Dentre os habilitados, em 2023 os recursos da complementação com base em resultados beneficiaram no país 1.923 redes de ensino, sendo 1.908 municipais, 14 estaduais e a rede do Distrito Federal. Contudo, ninguém sabe exatamente as razões de terem sido contemplados ou ficado de fora do aporte. “É uma caixa preta, ninguém entendeu a nota técnica que recebeu”, diz Mariza. Se o gestor não sabe exatamente em qual medida falhou, não pode ter ação sobre ela.
Ainda que a distribuição do VAAR tenha ficado nebulosa, é inegável que as condicionantes induzem a práticas benéficas para a educação. “Ele induz que se tenha um sistema de nomeação de diretores com base em critérios técnicos, que se tenha um currículo próprio alinhado com a BNCC”, cita César Callegari.
A nomeação técnica de diretores estava prevista no Plano Nacional de Educação (PNE) desde 2014, mas na prática, só teve efeito quando se atrelou à distribuição de recursos à medida que as redes passaram a se movimentar.
“Quando vira condicionalidade para receber dinheiro, todo mundo tem de fazer. Se não fizer, está abrindo mão de recursos — e a população, os vereadores e até os Tribunais de Contas podem cobrar isso agora”, afirma Mariza.
Pela lei, as regras do Fundeb devem passar por uma atualização até o final deste ano, uma oportunidade para que alguns pontos sejam clarificados.
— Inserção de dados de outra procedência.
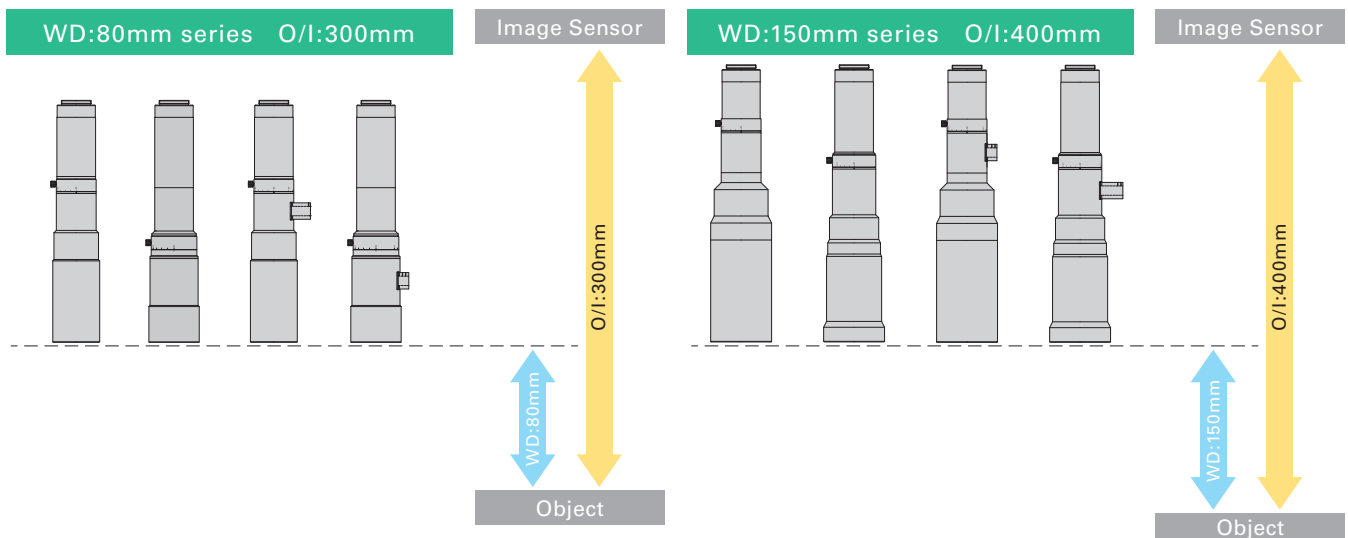

1.1" Format Telecentric

VS-THV(1.1")

3.45 μm

SERIES

High Resolution Telecentric Lens for 1.1" Format
Equal Object to Image Distance (O/I) Across All Mag. Models

VS-THV(1.1") series
4 Mag. Options: 0.5x / 0.8x / 1.0x / 2.0x
WD: 80mm / 150mm

VS Technology Corporation

HQ 1-9-19 Azabudai, Minato-ku, Tokyo, Japan 106-0041
TEL. 03-3560-6668 FAX. 03-3560-6669

VS TECHNOLOGY
MACHINE VISION OPTICS

Features

- Optimized for 1.1" 3.45μm Cameras
- Equal Object to Image Distance (O/I) Across All Models
- 0.5x/0.8x/1.0x/2.0x Magnification Options
- Built-In Coaxial Illumination Available
- Manual Iris to Adjust Depth of Field (DOF)

Equal Object to Image Distance (O/I) Optical Design

VS-THV(1.1") series does not require any mechanical modifications to change the lens to different magnifications

Model	Mag.	Coaxial	WD	O/I	Dimension	Max Sensor
VS-THV05-80/S	0.5x	-	82mm	300mm	φ 54 x L=200.5mm	1.1" (φ 17.6)
VS-THV05-80CO/S	0.5x	○	82mm	300mm	φ 54 x L=200.5mm	1.1" (φ 17.6)
VS-THV08-80/S	0.8x	-	82mm	300mm	φ 43 x L=200.5mm	1.1" (φ 17.6)
VS-THV08-80CO/S	0.8x	○	82mm	300mm	φ 43 x L=200.5mm	1.1" (φ 17.6)
VS-THV1-80/S	1.0x	-	80mm	300mm	φ 40 x L=202.5mm	1.1" (φ 17.6)
VS-THV1-80CO/S	1.0x	○	80mm	300mm	φ 40 x L=202.5mm	1.1" (φ 17.6)
VS-THV2-80/S	2.0x	-	80mm	300mm	φ 43 x L=202.5mm	1.1" (φ 17.6)
VS-THV2-80CO/S	2.0x	○	80mm	300mm	φ 43 x L=202.5mm	1.1" (φ 17.6)
VS-THV05-150/S	0.5x	-	152mm	400mm	φ 58 x L=230.5mm	1.1" (φ 17.6)
VS-THV05-150CO/S	0.5x	○	152mm	400mm	φ 58 x L=230.5mm	1.1" (φ 17.6)
VS-THV08-150/S	0.8x	-	150mm	400mm	φ 52 x L=232.5mm	1.1" (φ 17.6)
VS-THV08-150CO/S	0.8x	○	150mm	400mm	φ 52 x L=232.5mm	1.1" (φ 17.6)
VS-THV1-150/S	1.0x	-	150mm	400mm	φ 52 x L=232.5mm	1.1" (φ 17.6)
VS-THV1-150CO/S	1.0x	○	150mm	400mm	φ 52 x L=232.5mm	1.1" (φ 17.6)
VS-THV2-150/S	2.0x	-	152mm	400mm	φ 55 x L=230.5mm	1.1" (φ 17.6)
VS-THV2-150CO/S	2.0x	○	152mm	400mm	φ 55 x L=230.5mm	1.1" (φ 17.6)

Muitos gestores educacionais esperavam também uma discussão sobre os valores repassados de acordo com o tipo de matrícula — há diferenças entre os valores se a matrícula é de infantil, fundamental ou médio, se é em tempo integral ou parcial, se é de educação especial ou ensino técnico.
Contudo, até o momento, o tema não aparece na pauta do MEC, nem do Congresso. Talvez o caminho vá ser apenas a renovação das regras atuais por mais dois anos. Até lá, muito estudante continua sem acesso ao seu pedaço adicional do bolo.
Discute-se atualmente se os recursos destinados à educação devem ser limitados pelas políticas econômicas do novo marco fiscal. Grosso modo, o projeto em discussão no Congresso prevê metas fiscais que representam um corte nas despesas do governo na ordem de quase R$ 40 bilhões no Orçamento de 2024.
Inicialmente, o Fundeb seria poupado dos mecanismos limitantes de gastos e, dessa forma, seus recursos seguiriam a previsão que está na Constituição. Mas a proposta aprovada pela Câmara dos Deputados inclui o Fundeb dentro dos mecanismos de freio. Atualmente, a complementação da União para o Fundeb está fora do teto de gastos, regra fiscal atual que limitou o crescimento das despesas à variação da inflação aprovada em 2016.